# Source data
****

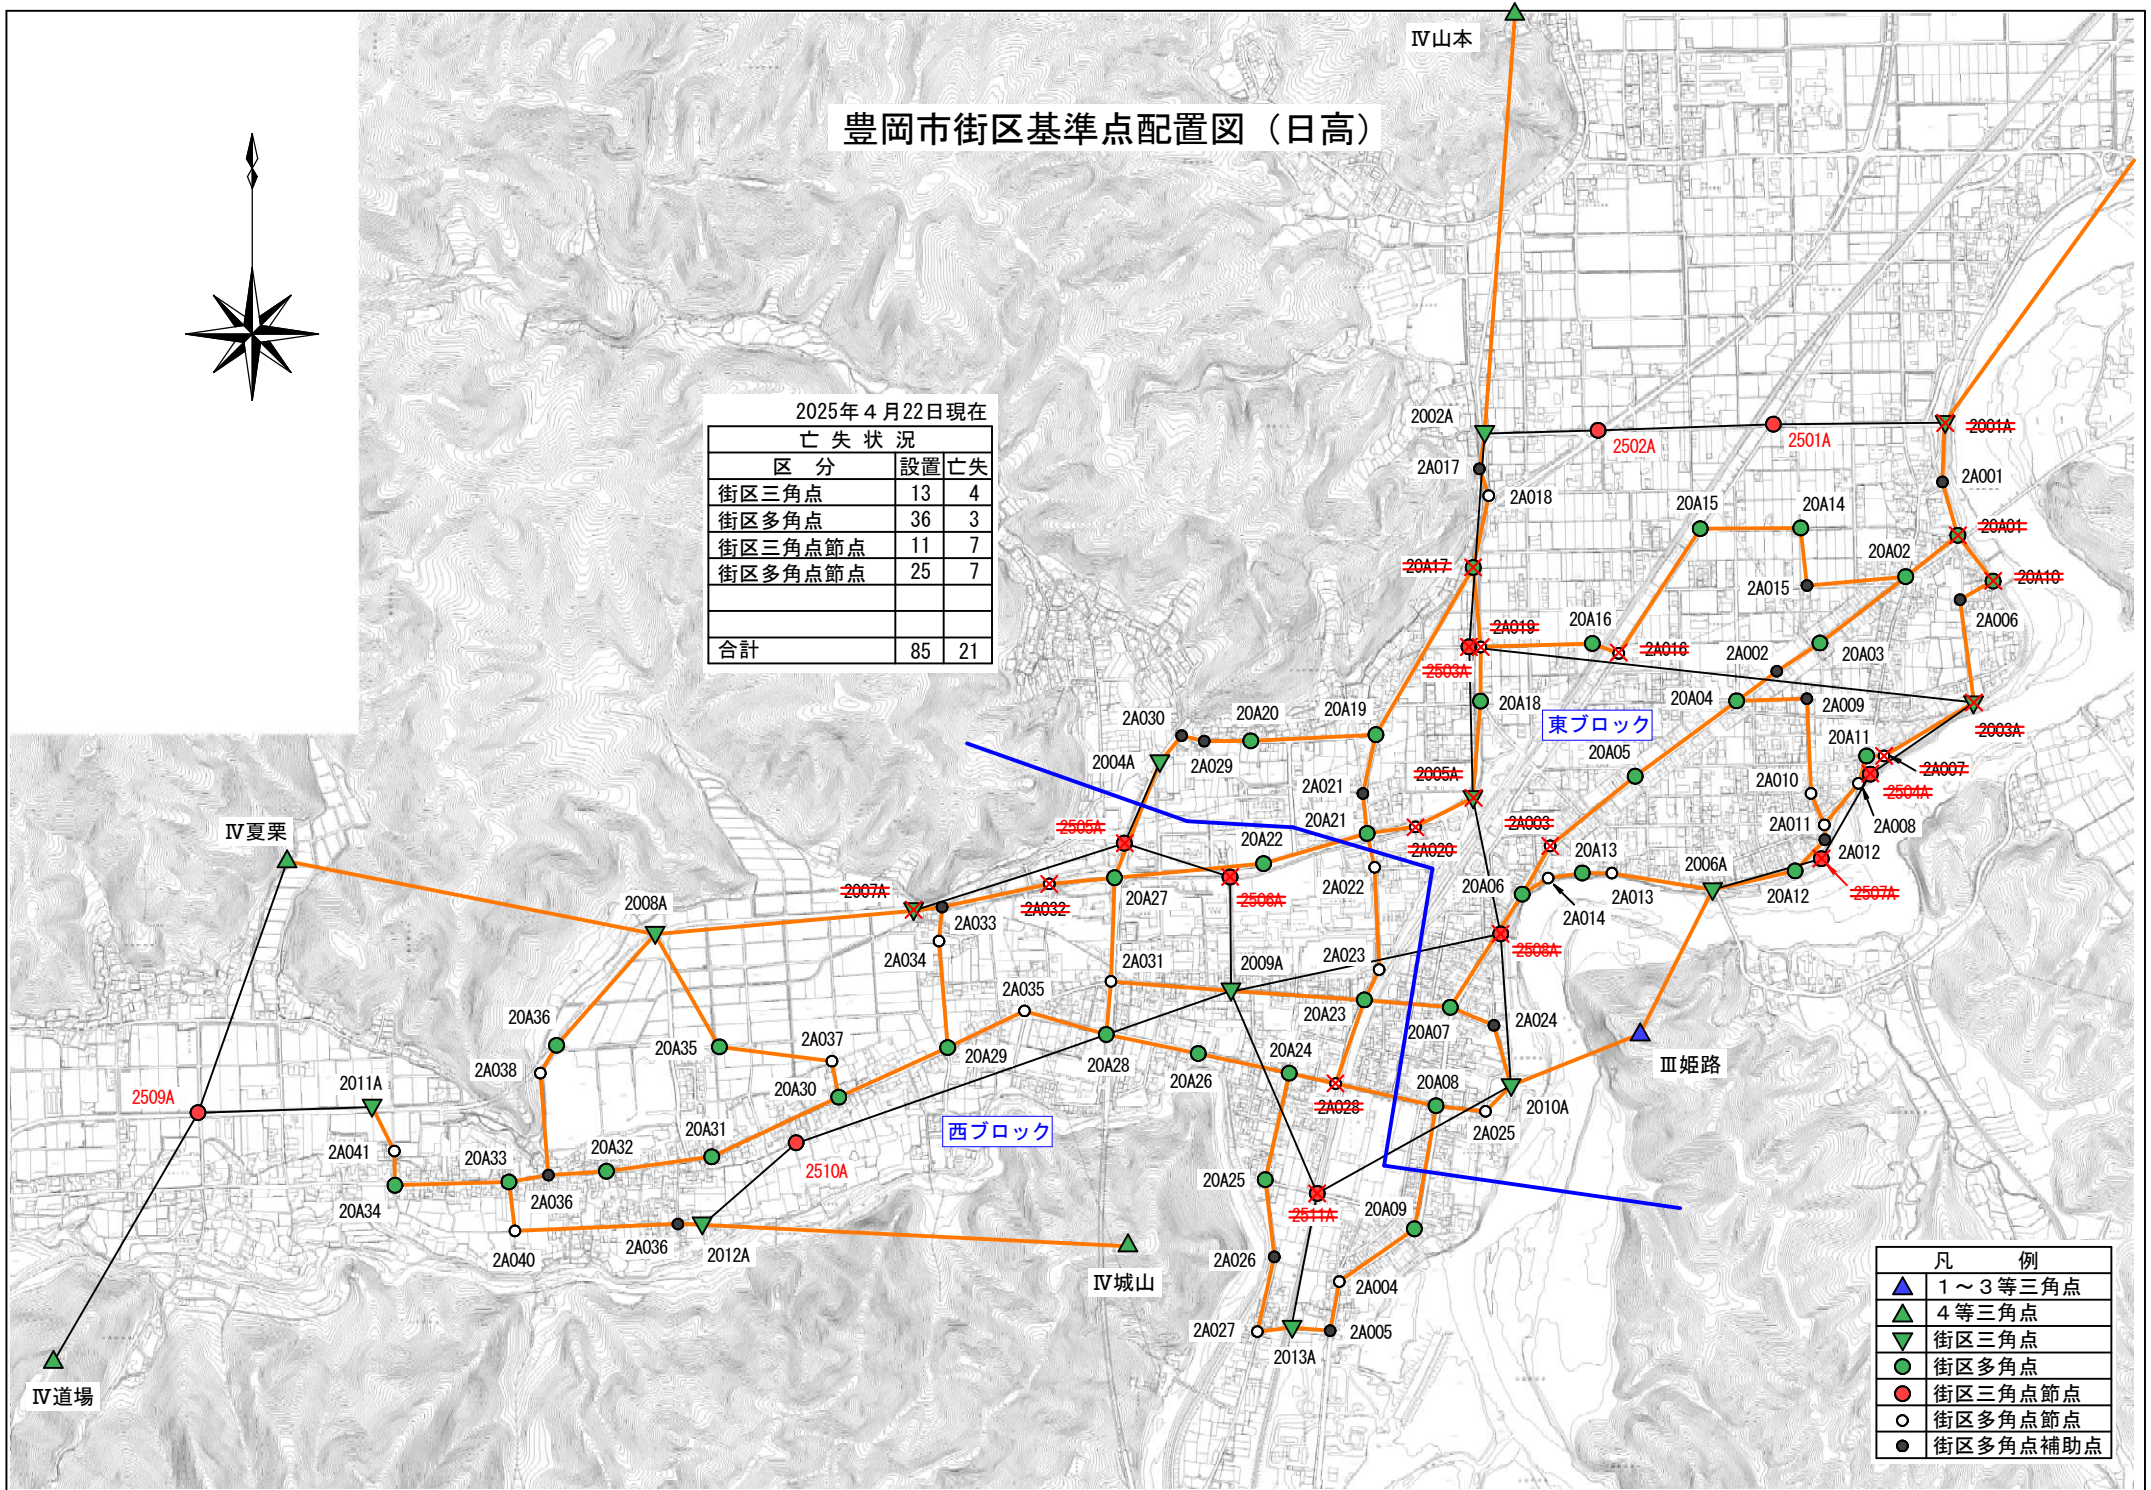

# 豊岡市街区基準点配置図（日高）

2025年4月22日現在  
亡失状況

区分	設置	亡失
街区三角点	13	4
街区多角点	36	3
街区三角点節点	11	7
街区多角点節点	25	7
合計	85	21

凡 例

▲	1～3等三角点
▲	4等三角点
▼	街区三角点
●	街区多角点
●	街区三角点節点
○	街区多角点節点
●	街区多角点補助点

****

# Exercise
Could you copy the data above exactly, leaving the pictures out?

# Solved exercise
# 豊岡市街区基準点配置図（日高）

2025年4月22日現在  
亡失状況

区分	設置	亡失
街区三角点	13	4
街区多角点	36	3
街区三角点節点	11	7
街区多角点節点	25	7
合計	85	21

凡 例

▲	1～3等三角点
▲	4等三角点
▼	街区三角点
●	街区多角点
●	街区三角点節点
○	街区多角点節点
●	街区多角点補助点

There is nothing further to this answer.